WHAT YOU NEED TO DO =>
Pictures aside, write out every record exactly as it appears.

━━━━━━━━━━━━━━━━

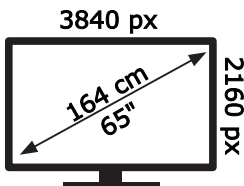

ENERG

65UG9750 65" 4K SMART
GOOGLE TV

VESTEL

67 kWh/1000h

ABCDEF **G**

127 kWh/1000h

50750531

2019/2013
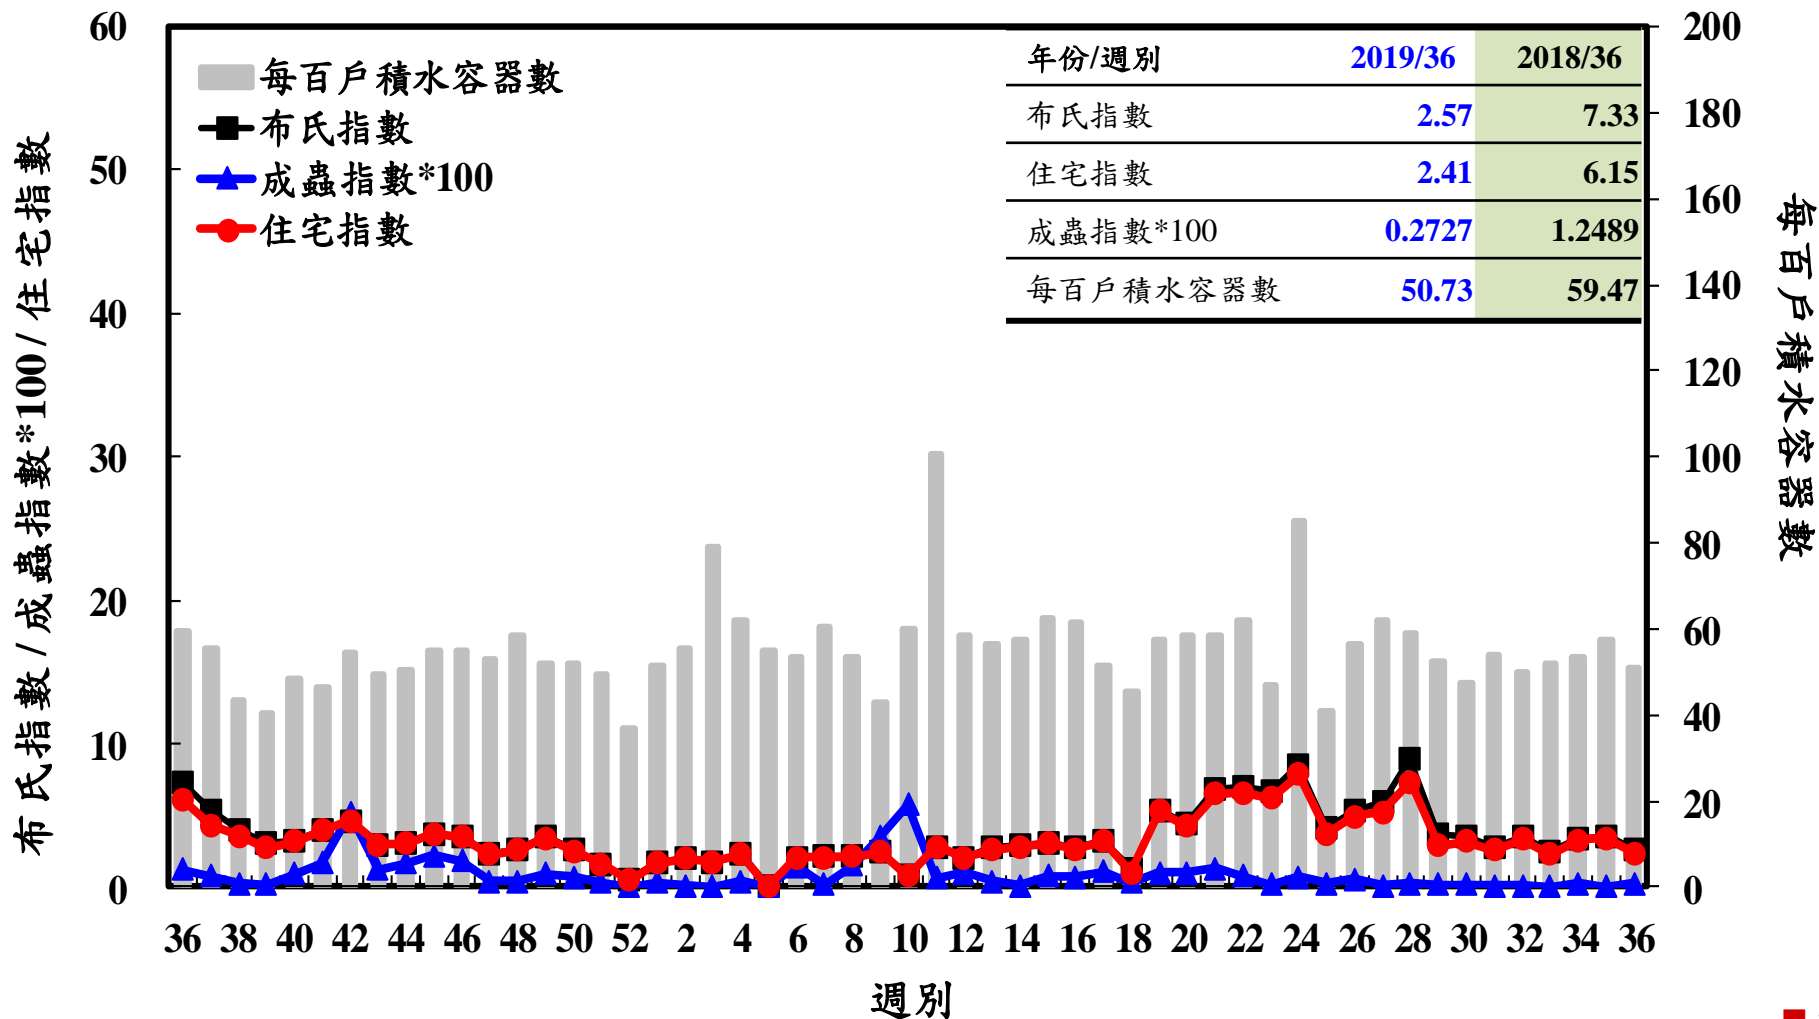

登革熱病媒蚊監測系統-台南市

登革熱病媒蚊監測系統-高雄市

登革熱病媒蚊監測系統-屏東縣

━━━━━━━━━━━━━━━━

SOLUTION FOR THIS PROBLEM =>
ENERG

65UG9750 65" 4K SMART
GOOGLE TV

VESTEL

67 kWh/1000h

ABCDEF **G**

127 kWh/1000h

50750531

2019/2013

登革熱病媒蚊監測系統-台南市

登革熱病媒蚊監測系統-高雄市

登革熱病媒蚊監測系統-屏東縣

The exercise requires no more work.